ACC 22: Results From the PACIFIC AF Trial
Published: 03 Apr 2022
In this short interview from our coverage of ACC.22 late-breaking trials, Dr Manesh Patel (Duke Heart Center, US) discusses the multicentre, randomised, double-blind PACIFIC-AF trial (Bayer)(NCT04218266).
The trial sought to determine the efficacy of the oral FXIa inhibitor asundexian and evaluate the safety of the drug, compared to the non-vitamin K oral anticoagulant (NOAC) apixaban, in treating patients with AF.
- Background to the Study
- Study Design
- Key Findings
- Next Steps
- Impact on Clinical Practice
- Take-home Messages
Recorded on-site from ACC, Washington DC, 2022.
Interviewer: Mirjam Boros
- Hi, my name is Manesh Patel. I'm the Chief of Cardiology and Co-direct the Heart Centre at Duke University and I'm an investigator at the Duke Clinical Research Institute.
Background to the study
You know, we have patients with atrial fibrillation and we've had advances in the anticoagulation of our patients. We've gone from warfarin to DOACs or direct acting oral anticoagulants, such as a apixaban or rivaroxaban, but we still have patients with unacceptable bleeding and a lot of patients who don't get therapy. So, the background to this study is, are there new therapies that we could use in patients like that?
And asundexian is a new small molecule that inhibits factor XI, and it was studied in PACIFIC-AF.
PACIFIC-AF is a phase two study. And it's looking at understanding the dosing of asundexian, a small molecule that inhibits factor XI and is minimally lurinally cleared.
We used 20 milligrammes and 50 milligrammes once daily of asundexian and compared it to apixaban with standard dosing in 750 patients with atrial fibrillation. We followed them for about three months to see what the rates of bleeding were. The reason we're looking at bleeding is to understand the dosing relationship with asundexian and apixaban for bleeding, as we get ready to do a large phase three outcome study.
It's important to recognise a lot of ways can be evaluated to see how patients bleed. And this was done during the COVID time, the patients were patients with atrial fibrillation and a CHA2DS2-VASc Score of about four. Many of them had some renal dysfunction, many comorbidities, heart failure, diabetes.

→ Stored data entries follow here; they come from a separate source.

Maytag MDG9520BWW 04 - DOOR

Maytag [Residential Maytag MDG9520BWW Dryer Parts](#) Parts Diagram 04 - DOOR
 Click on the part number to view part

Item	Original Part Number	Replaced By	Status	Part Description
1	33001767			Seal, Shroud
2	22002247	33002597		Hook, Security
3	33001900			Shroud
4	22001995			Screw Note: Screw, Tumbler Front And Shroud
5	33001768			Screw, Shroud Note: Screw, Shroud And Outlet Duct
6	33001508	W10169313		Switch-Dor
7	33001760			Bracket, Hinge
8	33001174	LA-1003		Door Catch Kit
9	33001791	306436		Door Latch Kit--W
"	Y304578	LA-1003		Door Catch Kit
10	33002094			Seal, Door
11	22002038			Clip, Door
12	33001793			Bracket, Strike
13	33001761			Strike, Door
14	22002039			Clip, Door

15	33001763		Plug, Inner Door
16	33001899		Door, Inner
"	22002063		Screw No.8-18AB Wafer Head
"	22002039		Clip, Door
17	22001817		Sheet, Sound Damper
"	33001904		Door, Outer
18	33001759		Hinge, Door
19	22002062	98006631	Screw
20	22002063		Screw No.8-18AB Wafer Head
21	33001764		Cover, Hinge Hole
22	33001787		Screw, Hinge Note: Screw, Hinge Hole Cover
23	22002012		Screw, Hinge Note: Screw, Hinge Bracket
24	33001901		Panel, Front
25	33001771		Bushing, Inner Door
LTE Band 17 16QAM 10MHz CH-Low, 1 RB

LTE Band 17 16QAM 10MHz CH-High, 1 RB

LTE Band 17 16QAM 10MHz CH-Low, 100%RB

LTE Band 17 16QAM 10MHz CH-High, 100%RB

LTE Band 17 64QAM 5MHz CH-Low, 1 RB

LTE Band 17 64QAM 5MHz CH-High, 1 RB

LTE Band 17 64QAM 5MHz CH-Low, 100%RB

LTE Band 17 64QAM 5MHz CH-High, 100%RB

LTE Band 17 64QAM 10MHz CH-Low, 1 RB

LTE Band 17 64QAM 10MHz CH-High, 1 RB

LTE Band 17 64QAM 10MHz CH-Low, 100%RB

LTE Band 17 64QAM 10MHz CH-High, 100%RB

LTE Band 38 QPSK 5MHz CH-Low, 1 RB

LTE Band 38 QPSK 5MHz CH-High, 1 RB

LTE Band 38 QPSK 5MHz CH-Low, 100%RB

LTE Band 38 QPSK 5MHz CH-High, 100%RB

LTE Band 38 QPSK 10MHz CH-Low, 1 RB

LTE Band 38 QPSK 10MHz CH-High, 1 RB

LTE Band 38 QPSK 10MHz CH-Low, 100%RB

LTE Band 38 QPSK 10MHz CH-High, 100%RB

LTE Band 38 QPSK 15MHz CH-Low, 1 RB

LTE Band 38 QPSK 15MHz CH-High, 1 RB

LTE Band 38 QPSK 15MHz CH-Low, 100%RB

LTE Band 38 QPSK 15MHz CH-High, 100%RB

There were 48 total bleeding events. And even though ISTH major and non-clinically, non-major clinically relevant bleeding was the primary safety evaluation. And what we found is both doses of asundexian had less bleeding than apixaban, about 50% less.

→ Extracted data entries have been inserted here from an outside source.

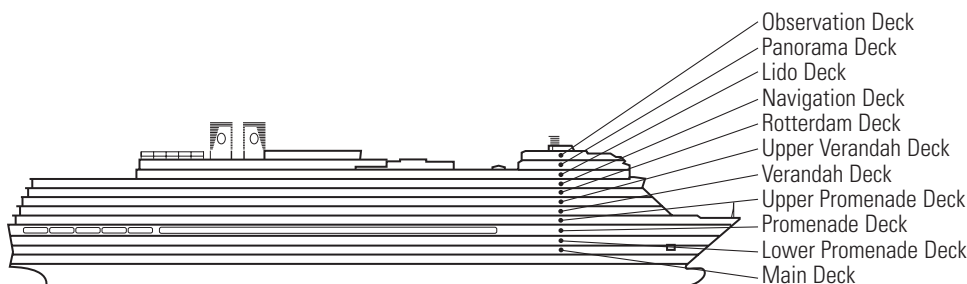

MS EURODAM

DECK PLANS & STATEROOMS

The deck plans are color-coded by category of stateroom, and the category letter precedes the stateroom number in each room. All staterooms are equipped with flat-panel television, mini-bar, DVD player, mini-safe, data port, telephone and multichannel music.

Important Note: Not all staterooms within each category have the same furniture configuration and/or facilities. Appropriate symbols within the rooms on the deck plans describe differences from the stateroom descriptions below.

All information is subject to change.

STATEROOM SYMBOL LEGEND

- Triple (2 lower beds, 1 sofa bed)
- Quad (2 lower beds, 1 sofa bed, 1 upper)
- △ Partial sea view
- × Fully obstructed view
- + Connecting rooms
- Shower only
- ♣ Single sink vanity, bathtub only
- ♠ Single sink vanity
- Staterooms have solid steel verandah railings instead of clear-view Plexiglas® railings
- ♿ Suites SA7058 & SA7057 are wheelchair accessible, bathtub and roll-in shower. Suites SY5002 & SY5001 and staterooms VA8119, VA8116, I-8033, VA8026, VA8025, V6052, V6049, VB6002, VB6001, V5140, V5135, V5054, V5051, VA4134, VA4131, H4092, H4089, VA4052, VA4051, D1100, D1099, C1082, C1081, J1074, K1012 & K1011 are wheelchair accessible, roll-in shower only.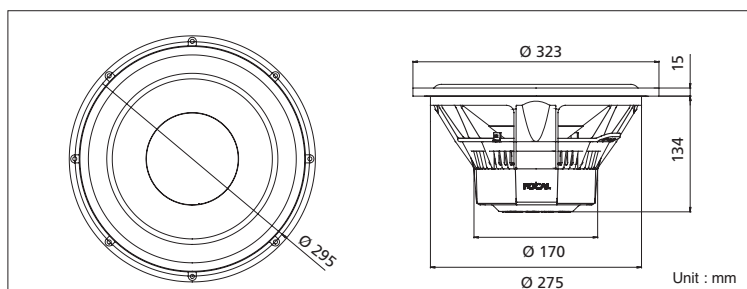

30 A1 DB

30 cm (12'') Access 1 subwoofer

- All weather woven glass fiber cone
- 65 mm/4 layer voice coil
- Voice coil cooling system
- Dual voice coil (2x4Ω)

Suggested Application

Mechanical Drawing

Focal® is a trademark of Focal-JMLab® - BP 374 - 108, rue de l'avenir - 42353 La Talaudière cedex France - Tel. 33 00 4 77 43 57 00 - Fax 33 00 4 77 37 65 87 - www.focal-fr.com - SCAZ070628/1

Specifications

Nominal power	250 W	
Maximum power	500 W	
Sensitivity	91 dB	
Cone	Braided glass fiber	
Surround	Butyl	
Nom. impedance	2 x 4 ohms	
DC resistance (in parallel)	1.69 ohms	
VC diameter	65 mm	2-9/16 in
VC height	18 mm	11-16 in
Former	Kapton®	
Layers	4	
Wire	Copper	
Inductance	0.68 mH	
Xmax	5 mm	3-16 in
Magnet (d x h)	145 x 20 mm	5-11/16x13/16in
Magnet weight	1.15 kg	2.45 lb
Flux density	0.8 T	
Gap height	8 mm	5/16 in
Net weight	4.8 kg	10.58 lb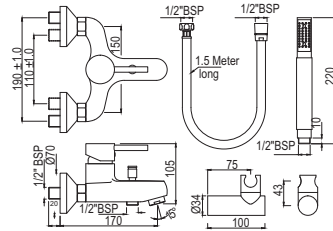

FLORENTINE | FAUCETS

Single Lever | Bath & Shower

Single Lever Bath & Shower Mixer with Shower Kit (5537N, 571 & 555), Wall Mounted
FLR-CHR-5119SHK

R 2700

Small numbers, but at least encouraging to show us that there is, seems to be a safety profile for the therapy.
Impact on Clinical Practice
Currently, I don't think these findings can affect clinical practice because the therapy is still being evaluated. PACIFIC-AF is one of three studies.

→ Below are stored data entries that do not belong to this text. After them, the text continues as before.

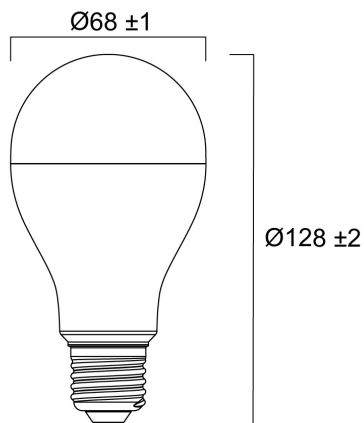

Technical Assets

Dimensions (mm)

Photometrics

ToLEDo GLS V9 2450LM 865 E27 SL

Item No: 0030046

SYLVANIA

General data

Product name	ToLEDo GLS V9 2450LM 865 E27 SL
Technology	LED
Lamp shape	Pear-shape
Cap/Base	E27
Lamp finish	Opal
Fixture rating	Open
General application	Education, Hospitality, Residential & Consumer
Operating temperature range (°C)	-20°C...+40°C
Performance ambient temperature Tq (°C)	25
Virtual assistant compatibility	N/A
ETIM Class	EC001959
E-number FI	4741189
Warranty	3 years

Lifetime data

Lifespan L70 B50	15000
Average life (Rated) (h)	15000

Physical data

Housing colour	White
IP rating	IP20
Nominal Product Height (mm)	128
Nominal Product Diameter (mm)	68
Weight (kg)	0.077

ToLEDo GLS V9 2450LM 865 E27 SL

Item No: 0030046

Packaging

Product EAN number	5410288300467
Packaging single length / height (cm)	6.9
Packaging single width (cm)	6.9
Packaging single depth (cm)	13.3
DUN14 (inner)	15410288300464
Units per outer package	6
Packaging outer length / height (cm)	21.5
Packaging outer width (cm)	14.5
Packaging outer depth (cm)	14.3

There's an AMI study and a stroke study. And through that, we'll learn about the dosing of the drug as we get ready for large phase three studies together. So these phase two studies will help us. What's important though, is that we want to engage patients. So we are doing something called PEARL AF, people can go to AFibopportunities.com and later this Spring, participate and tell us what matters for them if they have atrial fibrillation. Are they interested being in the study? We hope that these types of trials and agents will tell us in the future how to get to a better place for our patients with atrial fibrillation.
Yeah, the critical next step is to actually design phase three or outcome studies that engage more people, more women, more underrepresented patients, more patients from around the world that previously have not been in trials, and hopefully develop ways in which these therapies work across those broad populations to increase the adoption of new therapies.
I think we all know that many patients with atrial fibrillation have a risk of stroke and systemic embolism. Currently clinically, we don't treat them because of the bleeding risk.
The take-home message of this is factor XI assay has shown us that asundexian inhibits 90% of factor XI activity. And at that rate, we have, looks like 40 to 50% of the bleeding of apixaban. So encouraging for the phase three data.